Once you have the best model, you can interpret the coefficients (for linear models) to understand the impact of each feature.

In [None]:
from sklearn.metrics import mean_squared_error

# Evaluate the best model on the test set
best_ridge_model = Ridge(alpha=100.0)
best_ridge_model.fit(X_train, y_train)
y_pred = best_ridge_model.predict(X_test)

# Calculate test MSE
test_mse = mean_squared_error(y_test, y_pred)
print(f"Test MSE for the best Ridge Regression model: {test_mse}")

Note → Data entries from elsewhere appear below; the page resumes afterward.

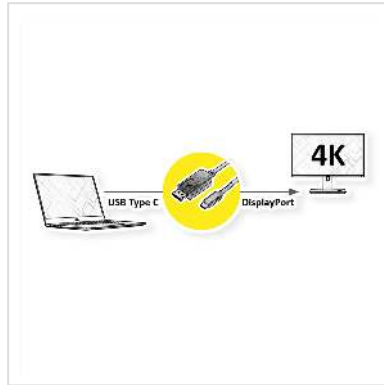

ROLINE USB type C - DisplayPort adapterkabel, v1.2, M/M, 1 m

Art.nr.	11.04.5845
Fabrikant	ROLINE
Art.nr. fabrikant	11.04.5845
EAN (een stuk)	7611990145850

roline
Designed for Professionals

Sluit elke DisplayPort monitor of projector met DisplayPort aansluiting aan op uw PC of laptop met een USB type C aansluiting.

- USB 3.1 type C naar DisplayPort adapterkabel, voor bijvoorbeeld Macbook, Ultrabook, Notebook, Laptop of PC.
- Maximale resolutie tot 3840 x 2160 bij 60Hz
- Aansluiting: USB type C Male en DisplayPort Male
- DisplayPort versie 1.2 voor een hogere resolutie, hogere fps en meer kleurdiepte.
- Compliant DP v1.2 (max. 4096 x 2560 @60Hz)

Opmerking: Ondersteuning van "Alternate Mode (DP Alt Mode)" vereist

Technische specificaties

Producent	ROLINE
Produkt groep	Adapter, Terminatoren, Converter
Produkt type	USB-DisplayPort Adapter
Kleur	zwart
Lengte	1 m
Max. Resolutie	3840 x 2160 @60Hz (4K, UHD-1)
Aansluiting kant 1 (PC)	USB type C Male

Aansluiting kant 2 (Peripherie)	DisplayPort Male
Type connector kant 1	USB type C (USB-C)
M/F kant 1	Male
Type connector kant 2	DisplayPort
M/F kant 2	Male
Toepassing	extern
Technische bijzonderheden	DisplayPort versie 1.2
Gewicht	44.1 g
Hoogte verpakking	10 mm
Breedte verpakking	110 mm
Diepte verpakking	110 mm
Gewicht verpakking	0.064 kg
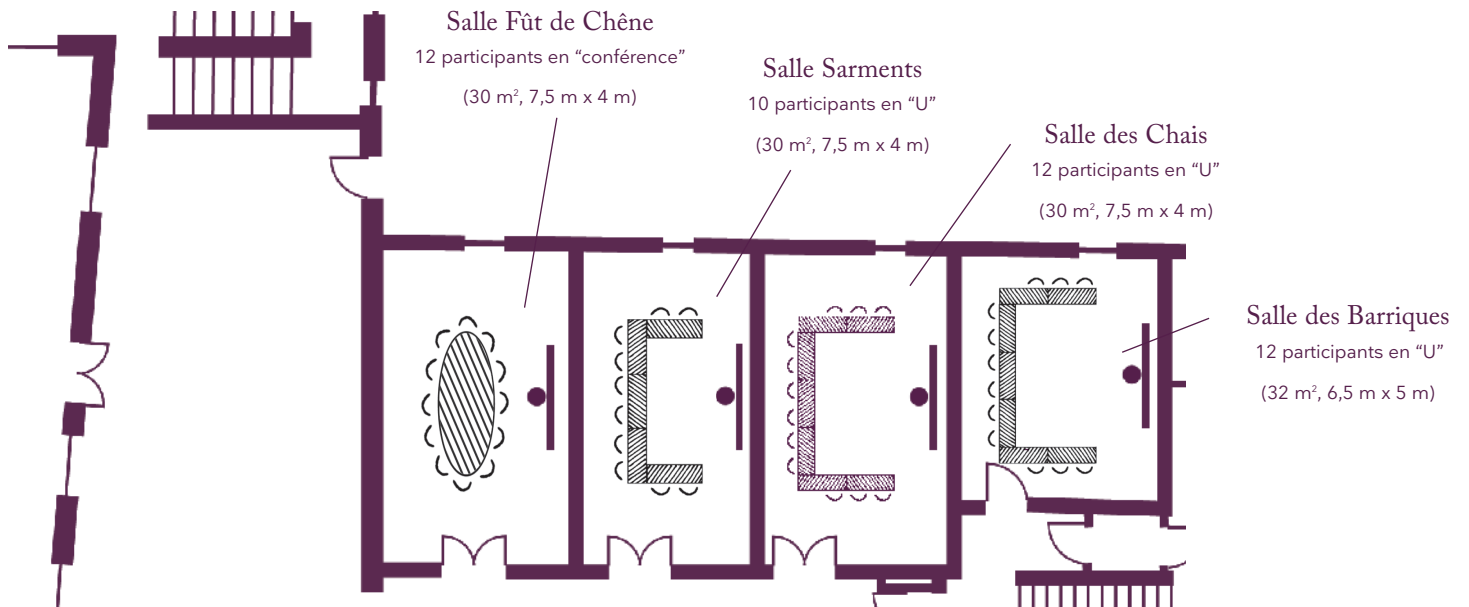

Vos salles de réunion

La disposition en fonction de vos objectifs

Rez-de-chaussée

Salle des Premiers Crus
32 participants en "U"
(93 m², 8,5 m x 11 m)

Salle des Appellations
20 participants en "U"
(60 m², 8,5 m x 7 m)

Salle des Cépages
20 participants en "U"
(60 m², 8,5 m x 7 m)

Vos salles de réunion

La disposition en fonction de vos objectifs

1^{er} étage

Salle des Vendanges
12 participants en "U"
(33 m², 6 m x 5,5 m)
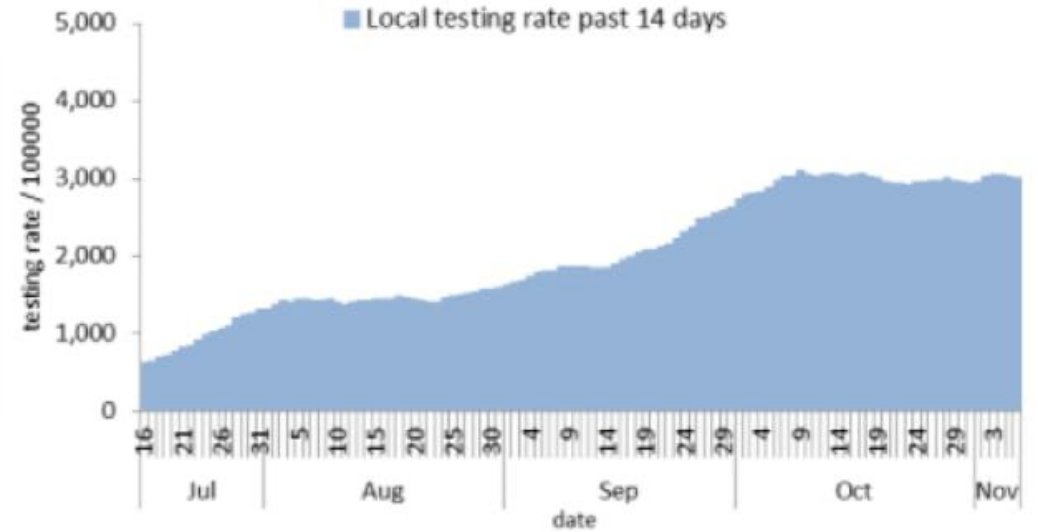

جدول حالات الوفاة المسجلة خلال 24 ساعة المنصرمة والمثبتة

Line list of confirmed covid-19 deaths for the past 24 hours

وجود امراض مزمنة	العمر (سنة)	الجنس	السكن (القضاء)	المستشفى	#
نعم	78	أنثى	بعيدا	الجبل	1
نعم	49	أنثى	بعيدا	الرسول الأعظم	2
كلا	27	أنثى	بعليك	سان جورج / الحدث	3
نعم	76	أنثى	المتن	قلب يسوع	4
نعم	49	ذكر	بعليك	بعليك الحكومي	5
نعم	54	ذكر	بعيدا	بهمن	6
نعم	78	أنثى	بعيدا	الجبل	7
نعم	59	ذكر	زحلة	أطباء بلا حدود	8
نعم	85	ذكر	بعليك	سان جورج / الحدث	9
نعم	74	أنثى	بعيدا	سان جورج / الحدث	10
نعم	87	أنثى	الشوف	عين وزين	11
نعم	89	أنثى	عاليه	عين وزين	12
نعم	74	ذكر	الشوف	عين وزين	13

نسبة الحالات الجديدة لكل مئة الف نسمة خلال 14 يوم السابقة
Incidence rate for the 14 days (/100000)

نسبة الفحوصات المحلية لكل مئة الف نسمة خلال 14 يوم السابقة
Testing rate for the past 14 days (/100000)
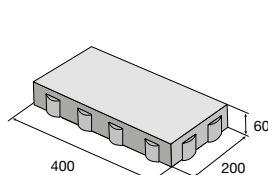

PIANETA

Dlažba PIANETA se vyrábí v hladkém nebo reliéfním provedení a sestavě čtyř různých kamenů. Díky tomu nabízí plošný formát ve výšce 60 mm, který je ideální pro plochy s menší zátěží – tedy pro pochozí místa a prostory s občasným pojezdem osobních automobilů. Atraktivní colormixy skvěle doplní moderní architekturu v soukromém i veřejném sektoru. Dlažba PIANETA je mrazuvzdorná a standardně je opatřena ochranným systémem Protect System IN proti znečištění a pronikání vody. Současně je však vyráběna i s povrchovou úpravou Perfect Clean TOP, která vytváří na povrchu dlažby ochranný film, zamezující pronikání nečistot do dlažby, umožňuje snadné odstranění různých typů skvrn (např. od kávy, oleje, vína apod.) a je zárukou snadné údržby.

Kámen C

Sestava 4 kamenů. Kameny nelze dodávat jednotlivě.
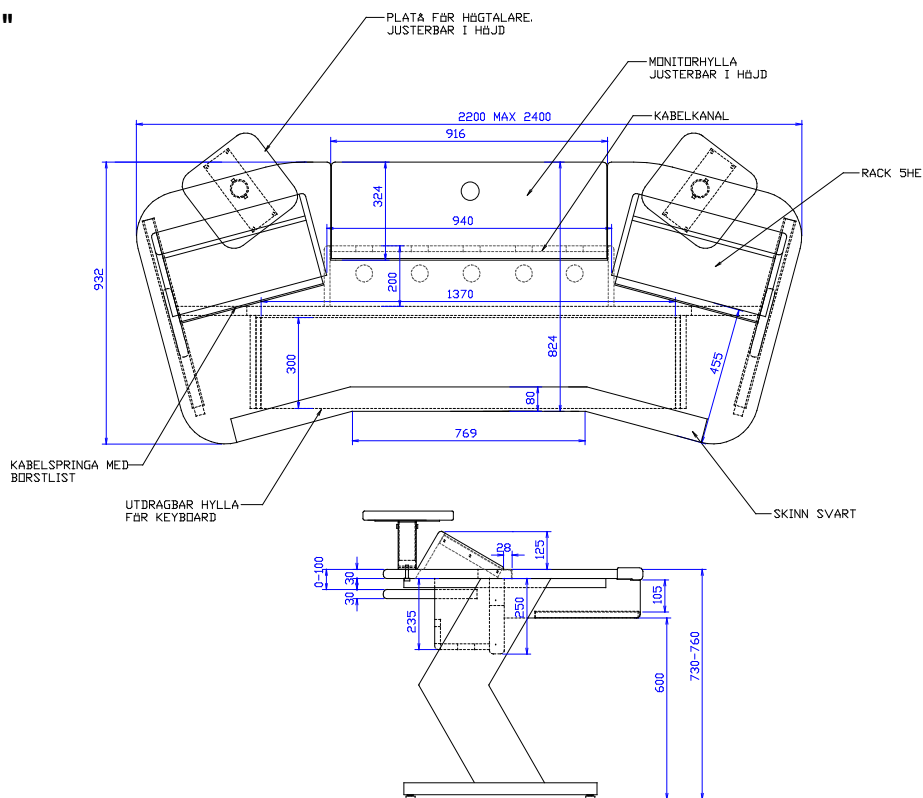

JB INREDNINGAR

KONTROLLBORD "PREMIUM-13"

- MÄTT KAN ÄNDRAS UTAN PRISTILLÄGG.
- ÖVERDEL I EK/FANÉR, STATIV LACKERAT I VALFRI KULÖR. ALTERNATIVT HELA MÖBELN I VALFRI KULÖR.

BRUTTOPRIS EXKLUSIVE MOMS 230701:

GRUNDPRIS MED SVÄNGD BORDSSKIVA, RAKA STATIVBEN, 2 BORDSRACK OCH KABELKANAL, 18.170 SEK

SOM OVAN MEN MED RAK BORDSSKIVA, 16.900 SEK

MONITORHYLLA JUSTERBAR I HÖJD, 2.545 SEK

UTDRAGBAR HYLLA FÖR KEYBOARD, 1.680 SEK

UTDRAGBAR HYLLA FÖR TANGENTBORD, 1.455 SEK

2 ST PLATÅER FÖR HÖGTALARE, JUSTERBARA I HÖJD, 2.240 SEK

STÖPPAD SKINKKANT, 2.940 SEK, RAK BORDSSKIVA 2.105 SEK.

V-FÖRMAT STATIV I STÄLLET FÖR RAKT, 1.230 SEK

JB INREDNINGAR
KÄLLEVÄGEN 5
363 33 ROTTNE

+46 470 845 78
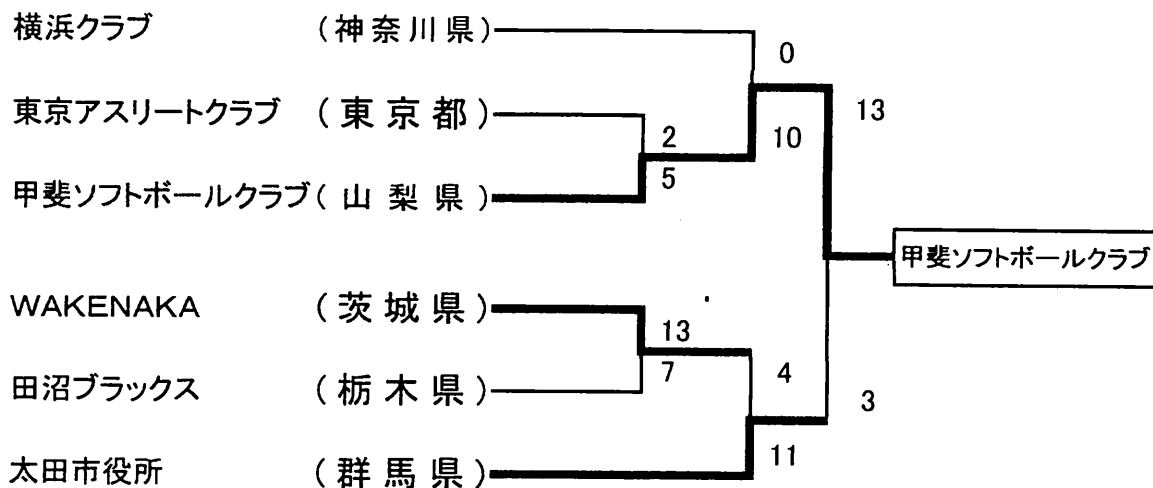

# 第34回全日本クラブ男子ソフトボール選手権大会 関東地区予選会

期 日 平成25年5月25日(土)・26日(日) 予備日27日(月)

会 場 本庄市山王堂グランド

本大会で代表権を得たチームは7月26日～28日に岐阜県羽島市・大垣市で  
開催される全国大会への出場権を得ました。

☆男子 (代表 4 チーム)

第一日目

敗者復活戦

北海道地区代表辞退により 太田市役所が出場権を得ました。

### Interpretation of Model Coefficients:

 Since Ridge Regression is a linear model, you can interpret the coefficients to understand the impact of each feature on the target variable (price). This can provide insights into which features are most influential.

In [None]:
# Extract and display coefficients
feature_names = X_train.columns
coefficients = best_ridge_model.coef_

coef_df = pd.DataFrame({
    'Feature': feature_names,
    'Coefficient': coefficients
}).sort_values(by='Coefficient', ascending=False)

print(coef_df)


In [None]:
plt.figure(figsize=(10, 12))
sns.barplot(x='Coefficient', y='Feature', data=coef_df, palette='coolwarm')
plt.title('Feature Coefficients')
plt.xlabel('Coefficient')
plt.ylabel('Feature')
plt.show()

In [None]:
import pandas as pd

# Assuming coef_df is your DataFrame with features and coefficients
# and vehicles_df_cleaned (the preprocessed DataFrame before dropping original columns) is available

# Select the top 10 features with the highest positive coefficients
top_positive_features = coef_df.sort_values(by='Coefficient', ascending=False).head(10)['Feature']

# Select the top 10 features with the lowest (most negative) coefficients
top_negative_features = coef_df.sort_values(by='Coefficient', ascending=True).head(10)['Feature']

# Original columns to include in the output
original_columns = ['manufacturer', 'model', 'price', 'odometer', 'year']  # Add any other original columns you want to see

# Ensure the DataFrame you're working with includes these original columns
vehicles_df_with_originals = vehicles_df_cleaned.copy()

# Extract cars with top positive coefficients, including original columns
top_positive_cars = vehicles_df_with_originals[
    (vehicles_df_final[top_positive_features] > 0).any(axis=1)
][original_columns + top_positive_features.tolist()].head(10)

# Extract cars with top negative coefficients, including original columns
top_negative_cars = vehicles_df_with_originals[
    (vehicles_df_final[top_negative_features] > 0).any(axis=1)
][original_columns + top_negative_features.tolist()].head(10)

# Display the results
print("\nTop 10 Cars with Best Coefficients:")
print(top_positive_cars)

print("\nTop 10 Cars with Worst Coefficients:")
print(top_negative_cars)




In [None]:
import matplotlib.pyplot as plt
import seaborn as sns

# Calculate residuals
residuals = y_test - y_pred

# Plot residuals
plt.figure(figsize=(10, 6))
sns.histplot(residuals, kde=True)
plt.title("Distribution of Residuals")
plt.xlabel("Residuals")
plt.ylabel("Frequency")
plt.show()

plt.figure(figsize=(10, 6))
plt.scatter(y_pred, residuals)
plt.axhline(y=0, color='r', linestyle='--')
plt.title("Residuals vs Predicted")
plt.xlabel("Predicted Values")
plt.ylabel("Residuals")
plt.show()


In [None]:
from sklearn.preprocessing import PolynomialFeatures

# Suppose X_train has two features
poly = PolynomialFeatures(degree=2, interaction_only=True, include_bias=False)
X_poly = poly.fit_transform(X_train)

# X_poly will now contain original features, squared terms, and interaction terms
print(X_poly.shape)


### Evaluation

With some modeling accomplished, we aim to reflect on what we identify as a high quality model and what we are able to learn from this.  We should review our business objective and explore how well we can provide meaningful insight on drivers of used car prices.  Your goal now is to distill your findings and determine whether the earlier phases need revisitation and adjustment or if you have information of value to bring back to your client.

### Deployment

Now that we've settled on our models and findings, it is time to deliver the information to the client.  You should organize your work as a basic report that details your primary findings.  Keep in mind that your audience is a group of used car dealers interested in fine tuning their inventory.